┏━━

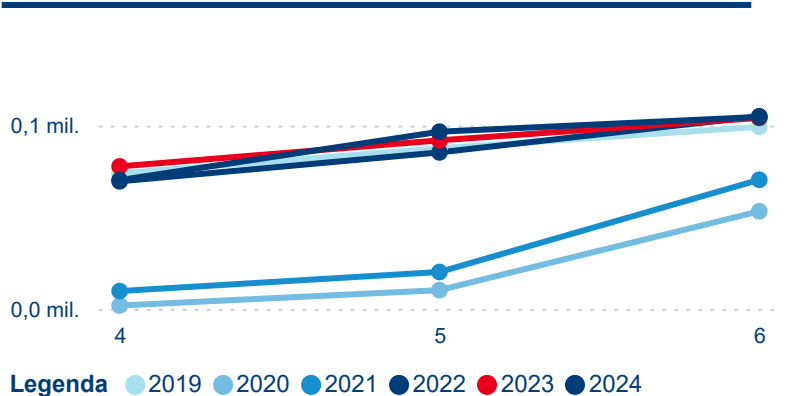

Poměr DCR a PCR

Top 10 zdrojových zemí

Průměrná doba pobytu top 10 zdrojových zemí.

Hromadná ubytovací zařízení dle krajů

271 630

Počet příjezdů v HUZ

-0,82 %

Meziroční změna počtu příjezdů 2024/2023

686 963

Počet nocí strávených v HUZ

2,33 %

Meziroční změna v počtu přenocování 2024/2023

3,53

Průměrná doba pobytu (dny)

Počet příjezdů

Počet přenocování

Průměrná doba pobytu (dny)

Domácí a příjezdový CR

Sezonální srovnání

Poměr DCR a PCR

Top 10 zdrojových zemí

Průměrná doba pobytu top 10 zdrojových zemí.

Hromadná ubytovací zařízení dle krajů

466 239
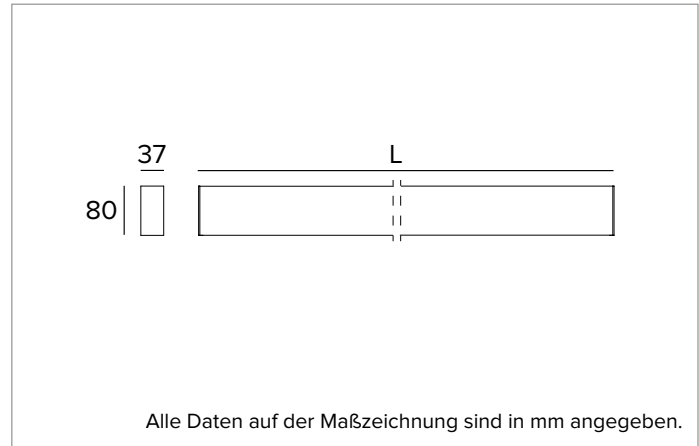

T018MX930ELPW | LOGICO EASY Stand Alone 37 - UGR19

Lineare LED-Leuchte, Einzelmontage für Deckenanbau- oder Pendelmontage

	3000K	H(m)	D1(m)	D2(m)	E _{max} (lx)		
	Ra90	66°	64°				
	Fixture Power	35W	1	1.29	1.26	2722	
	Source Flux	3801lm	2	2.58	2.52	680	
	Fixture Flux	3802lm	3	3.86	3.78	302	
	Efficacy	109lm/W	4	5.15	5.04	170	
G0347A	I _{max} =810cd/klm	I _{max}	3080cd	5	6.44	6.30	109

Ähnliche Farbtemperatur: 3000K

Lebensdauer (L80/B10): 100000h tq +25°C

BELEUCHUNGSTECHNISCHE MERKMALE

Direkte Lichtemission. Kontrolliertes Licht. UGR19 Optik: Optisches System aus Linsen mit differenzierten Facetten zur Optimierung der Lichtstromrichtung und zellulärer Optik aus blendreduzierendem Polycarbonat in Weiß (UGR<19 und L65<1500 cd/m² EN-12464-1).

Abstrahlung: DIREKT

Optik: ZELLULÄRE

Optische Effizienz: 100%

Leuchten-Lichtstrom: 3801lm

Lichtausbeute: 109lm/W

Fotobiologische Sicherheit: Risikogruppe 0 (RG 0 = kein Risiko)

MECHANISCHE MERKMALE

Gehäuse aus lackiertem stranggepresstem Aluminium mit 37mm Breite und Endkappen aus Polycarbonat. Obere Abdeckung aus weißem PVC.

Farbe und Oberfläche: Weiß

Abmessungen: L=2243mm

Gewicht: 5,35Kg

Version: LINEAR

Schutzart: IP40

Mechanische Belastbarkeit: IK02

ELEKTRISCHE MERKMALE

Integrierter elektronischer ON-OFF Treiber. Leuchten gemäß EN 60598-2-22 für die Stromversorgung über ein zentrales Notstromsystem CPSS (Central Power Supply System); Bereiche mit hohem Risiko ausgeschlossen. Die voreingestellte Leistungsaufnahme und der voreingestellte Lichtstrom betragen 100% an AC und 100% an DC.
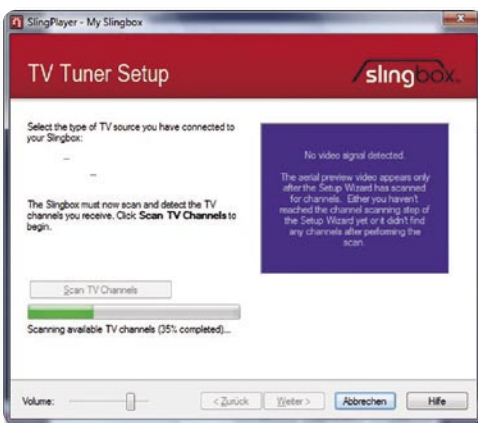

ضبط برنامج Slingplayer للعمل مع الشبكة البحث عن القنوات

المشغل يختلف طبق لحركة الصورة فكلما زادت سرعة الحركة فى الصورة زاد معدل نقل البيانات و يمكن التحكم فى جودة الصورة يدويا عن طريق المستخدم لتتناسب مع إمكانيات سرعة الشبكة الداخلية أو سرعة الإنترنت .

و فى أثناء الاختبار قمنا بقياس معدل نقل البيانات ووجدناها 300 كيلو بايت/ثانية فى الصورة ذات الحركة العادية ووجدناها 1700 كيلو بايت/ثانية فى الصورة ذات الحركة السريعة جدا .

على جميع وظائف الجهاز كما توفر طرق حماية إضافية .

و بعد تثبيت البرنامج التشغيلي على الكمبيوتر يقوم البرنامج التشغيلي بالتعرف أوتوماتيكيا على توصيلات أجهزة Slingbox بالشبكة المحلية ، نعم ، يمكن تشغيل العديد من الأجهزة بشكل مستقل عن بعضها ، و لتفادى الدخول إلى هذه الخدمة بجهاز Slingbox بطريقة غير شرعية فان الخطوة التالية هى ضبط اسم المستخدم و كلمة المرور ، و إذا
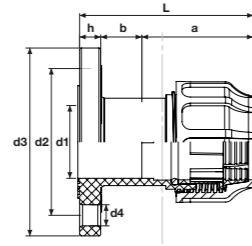

YENİ / NEW

Adaptör Sıkma Anahtarı
Adapter Key

Çap Dia	Kod Code	Fiyat (Adet) Price (Pcs)	Çuval Adet Sack Pcs	Poşet İçi Adet Bag Pcs	L (mm)	h (mm)
20x25x32	EX70003000		700		236	92
40x50x63x75	EX70003001		230		338	112,5
90x110	EX70003002		50		456	151,5

Plastik Dişli Redüksiyon
Plastic Threaded Reducer

Çap Dia	Basınç Pn	Kod Code	Fiyat (Adet) Price (Pcs)	Çuval Adet Sack Pcs	Poşet İçi Adet Bag Pcs
3/4"x1/2"	16	EX70005000		3000	
1"x 3/4"	16	EX70005001		1800	
1 1/4"x1"	16	EX70005002		1000	
1 1/2"x1 1/4"	16	EX70005003		700	
2"x1 1/2"	16	EX70005004		400	

TİP-A / TYPE A

TİP-B / TYPE B

TİP-A / TYPE A

Çap Dia	Basınç Pn	Kod Code	Fiyat (Adet) Price (Pcs)	Koli Adet Box Pcs	Poşet İçi Adet Bag Pcs	DN (mm)	DN (Inch)	d1 (mm)	L (mm)	B (mm)	A (mm)	d2 (mm)	d3 (mm)	h (mm)	d4 (mm)
63	16	EX70002503				50	2"	62	127,7	35	74,7	160	125	18	18
75	16	EX70002504				65	2 1/2"	74,7	156	41	95	185	145	20	18
90	16	EX70002505				80	3"	90,7	190	44	124	200	160	22	18
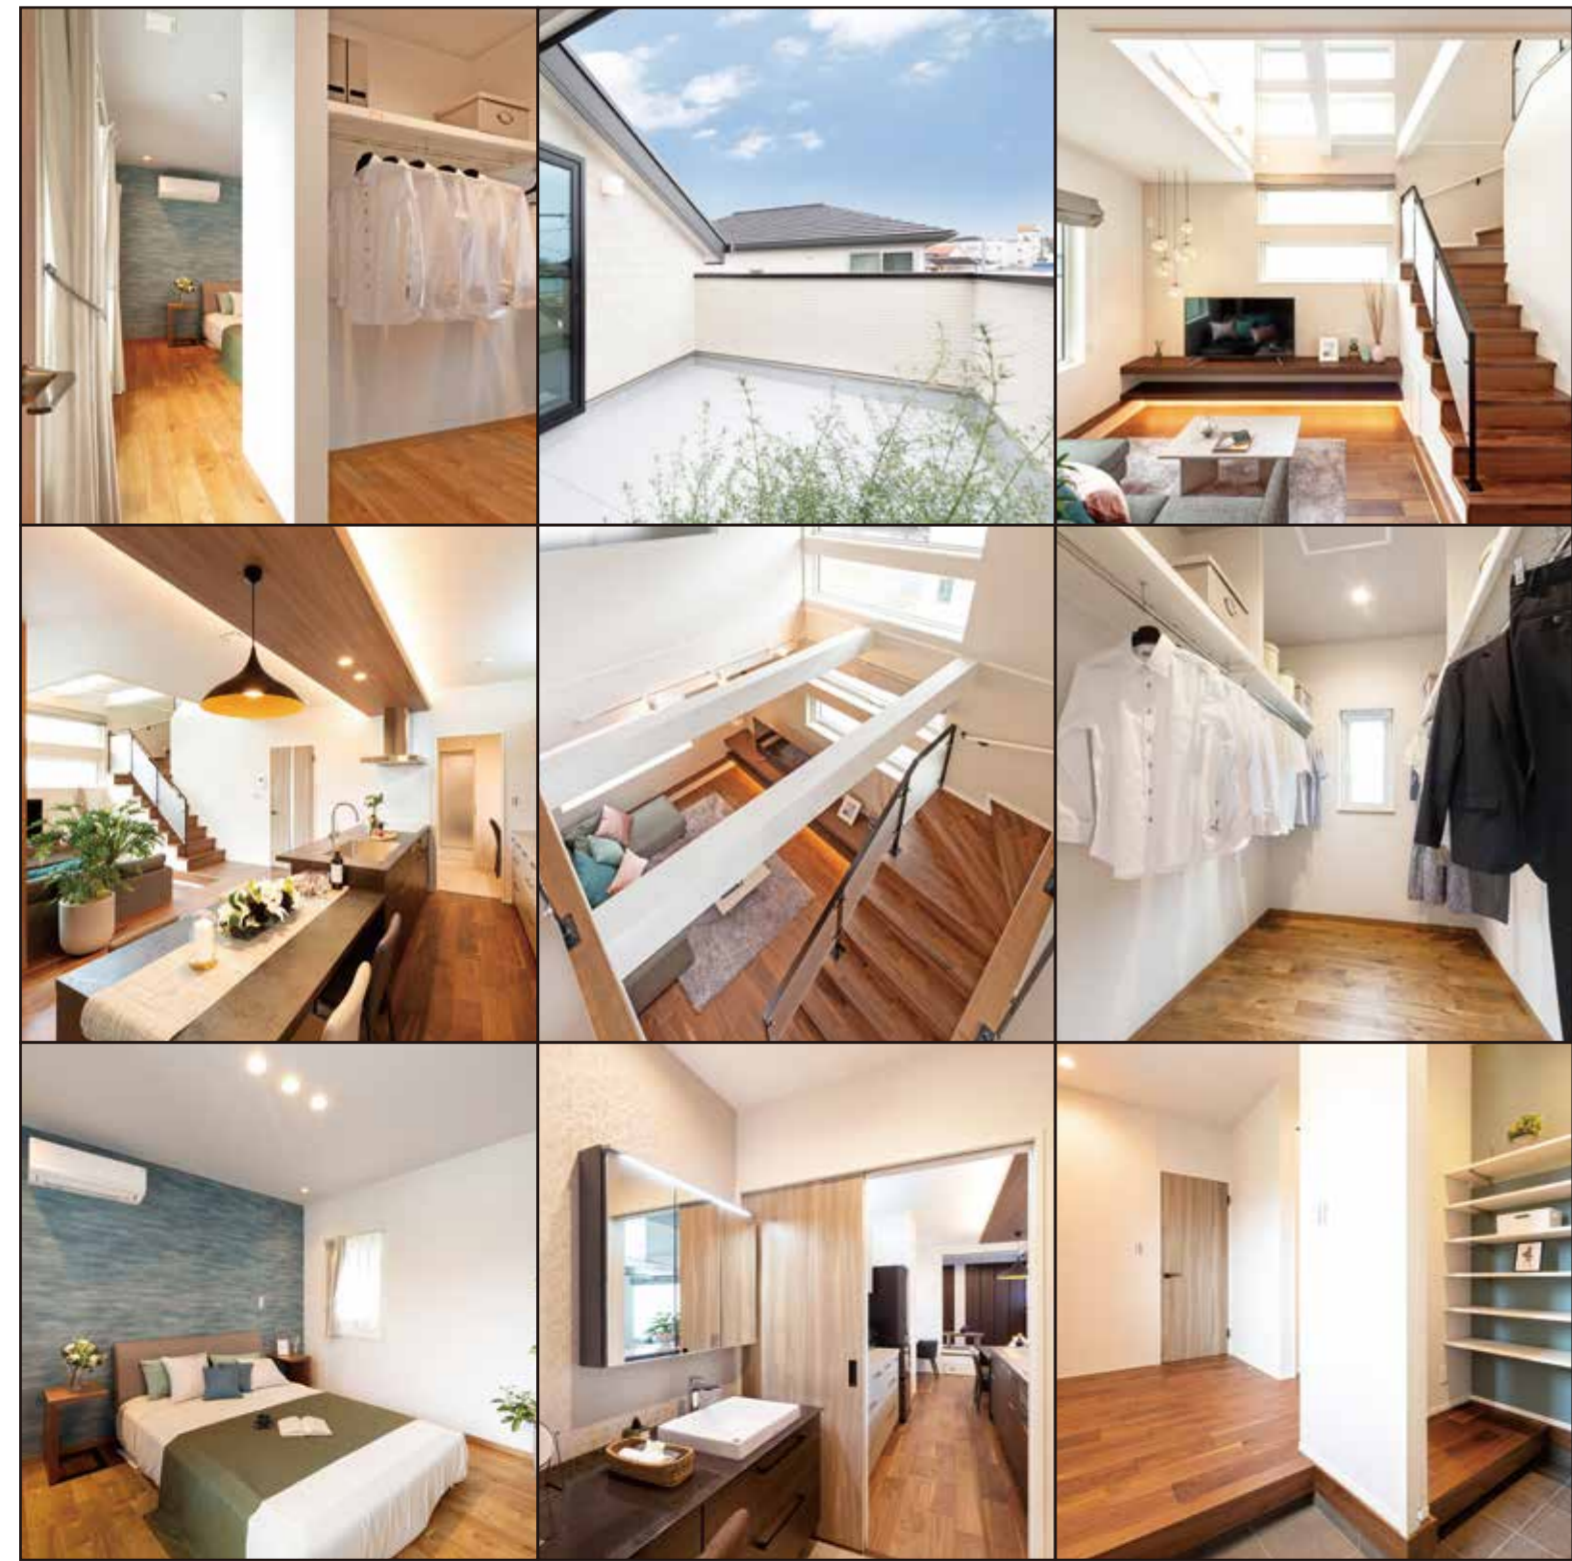

ヤマト住建

住まいのギャラリー 南大阪店

@yamato_minamiosaka
ハウス・オブ・ザ・イヤー12期連続受賞
LCCM・ZEH住宅「BELS全棟標準」

南大阪店の
Instagramは
コチラ!!

省エネ大賞
経済産業大臣賞受賞

ハウス・オブ・ザ・イヤー
優秀賞

ハウス・オブ・ザ・イヤー
特別優秀賞

ハウス・オブ・ザ・イヤー
省エネ住宅特別優良企業賞

全棟標準で
BELS取得!

第13回
キッズデザイン賞
受賞

Instagramで好評のおうち

┗━━

What this task involves
Write out the records above exactly as they stand, leaving out every picture.

Solution to this task
Poměr DCR a PCR

Top 10 zdrojových zemí

Průměrná doba pobytu top 10 zdrojových zemí.

Hromadná ubytovací zařízení dle krajů

271 630

Počet příjezdů v HUZ

-0,82 %

Meziroční změna počtu příjezdů 2024/2023

686 963

Počet nocí strávených v HUZ

2,33 %

Meziroční změna v počtu přenocování 2024/2023

3,53

Průměrná doba pobytu (dny)

Počet příjezdů

Počet přenocování

Průměrná doba pobytu (dny)

Domácí a příjezdový CR

Sezonální srovnání

Poměr DCR a PCR

Top 10 zdrojových zemí

Průměrná doba pobytu top 10 zdrojových zemí.

Hromadná ubytovací zařízení dle krajů

466 239

T018MX930ELPW | LOGICO EASY Stand Alone 37 - UGR19

Lineare LED-Leuchte, Einzelmontage für Deckenanbau- oder Pendelmontage

	3000K	H(m)	D1(m)	D2(m)	E _{max} (lx)		
	Ra90	66°	64°				
	Fixture Power	35W	1	1.29	1.26	2722	
	Source Flux	3801lm	2	2.58	2.52	680	
	Fixture Flux	3802lm	3	3.86	3.78	302	
	Efficacy	109lm/W	4	5.15	5.04	170	
G0347A	I _{max} =810cd/klm	I _{max}	3080cd	5	6.44	6.30	109

Ähnliche Farbtemperatur: 3000K

Lebensdauer (L80/B10): 100000h tq +25°C

BELEUCHUNGSTECHNISCHE MERKMALE

Direkte Lichtemission. Kontrolliertes Licht. UGR19 Optik: Optisches System aus Linsen mit differenzierten Facetten zur Optimierung der Lichtstromrichtung und zellulärer Optik aus blendreduzierendem Polycarbonat in Weiß (UGR<19 und L65<1500 cd/m² EN-12464-1).

Abstrahlung: DIREKT

Optik: ZELLULÄRE

Optische Effizienz: 100%

Leuchten-Lichtstrom: 3801lm

Lichtausbeute: 109lm/W

Fotobiologische Sicherheit: Risikogruppe 0 (RG 0 = kein Risiko)

MECHANISCHE MERKMALE

Gehäuse aus lackiertem stranggepresstem Aluminium mit 37mm Breite und Endkappen aus Polycarbonat. Obere Abdeckung aus weißem PVC.

Farbe und Oberfläche: Weiß

Abmessungen: L=2243mm

Gewicht: 5,35Kg

Version: LINEAR

Schutzart: IP40

Mechanische Belastbarkeit: IK02

ELEKTRISCHE MERKMALE

Integrierter elektronischer ON-OFF Treiber. Leuchten gemäß EN 60598-2-22 für die Stromversorgung über ein zentrales Notstromsystem CPSS (Central Power Supply System); Bereiche mit hohem Risiko ausgeschlossen. Die voreingestellte Leistungsaufnahme und der voreingestellte Lichtstrom betragen 100% an AC und 100% an DC.

ضبط برنامج Slingplayer للعمل مع الشبكة البحث عن القنوات

المشغل يختلف طبق لحركة الصورة فكلما زادت سرعة الحركة فى الصورة زاد معدل نقل البيانات و يمكن التحكم فى جودة الصورة يدويا عن طريق المستخدم لتتناسب مع إمكانيات سرعة الشبكة الداخلية أو سرعة الإنترنت .

و فى أثناء الاختبار قمنا بقياس معدل نقل البيانات ووجدناها 300 كيلو بايت/ثانية فى الصورة ذات الحركة العادية ووجدناها 1700 كيلو بايت/ثانية فى الصورة ذات الحركة السريعة جدا .

على جميع وظائف الجهاز كما توفر طرق حماية إضافية .

و بعد تثبيت البرنامج التشغيلي على الكمبيوتر يقوم البرنامج التشغيلي بالتعرف أوتوماتيكيا على توصيلات أجهزة Slingbox بالشبكة المحلية ، نعم ، يمكن تشغيل العديد من الأجهزة بشكل مستقل عن بعضها ، و لتفادى الدخول إلى هذه الخدمة بجهاز Slingbox بطريقة غير شرعية فان الخطوة التالية هى ضبط اسم المستخدم و كلمة المرور ، و إذا

YENİ / NEW

Adaptör Sıkma Anahtarı
Adapter Key

Çap Dia	Kod Code	Fiyat (Adet) Price (Pcs)	Çuval Adet Sack Pcs	Poşet İçi Adet Bag Pcs	L (mm)	h (mm)
20x25x32	EX70003000		700		236	92
40x50x63x75	EX70003001		230		338	112,5
90x110	EX70003002		50		456	151,5

Plastik Dişli Redüksiyon
Plastic Threaded Reducer

Çap Dia	Basınç Pn	Kod Code	Fiyat (Adet) Price (Pcs)	Çuval Adet Sack Pcs	Poşet İçi Adet Bag Pcs
3/4"x1/2"	16	EX70005000		3000	
1"x 3/4"	16	EX70005001		1800	
1 1/4"x1"	16	EX70005002		1000	
1 1/2"x1 1/4"	16	EX70005003		700	
2"x1 1/2"	16	EX70005004		400	

TİP-A / TYPE A

TİP-B / TYPE B

TİP-A / TYPE A

Çap Dia	Basınç Pn	Kod Code	Fiyat (Adet) Price (Pcs)	Koli Adet Box Pcs	Poşet İçi Adet Bag Pcs	DN (mm)	DN (Inch)	d1 (mm)	L (mm)	B (mm)	A (mm)	d2 (mm)	d3 (mm)	h (mm)	d4 (mm)
63	16	EX70002503				50	2"	62	127,7	35	74,7	160	125	18	18
75	16	EX70002504				65	2 1/2"	74,7	156	41	95	185	145	20	18
90	16	EX70002505				80	3"	90,7	190	44	124	200	160	22	18

ヤマト住建

住まいのギャラリー 南大阪店

@yamato_minamiosaka
ハウス・オブ・ザ・イヤー12期連続受賞
LCCM・ZEH住宅「BELS全棟標準」

南大阪店の
Instagramは
コチラ!!

省エネ大賞
経済産業大臣賞受賞

ハウス・オブ・ザ・イヤー
優秀賞

ハウス・オブ・ザ・イヤー
特別優秀賞

ハウス・オブ・ザ・イヤー
省エネ住宅特別優良企業賞

全棟標準で
BELS取得!

第13回
キッズデザイン賞
受賞

Instagramで好評のおうち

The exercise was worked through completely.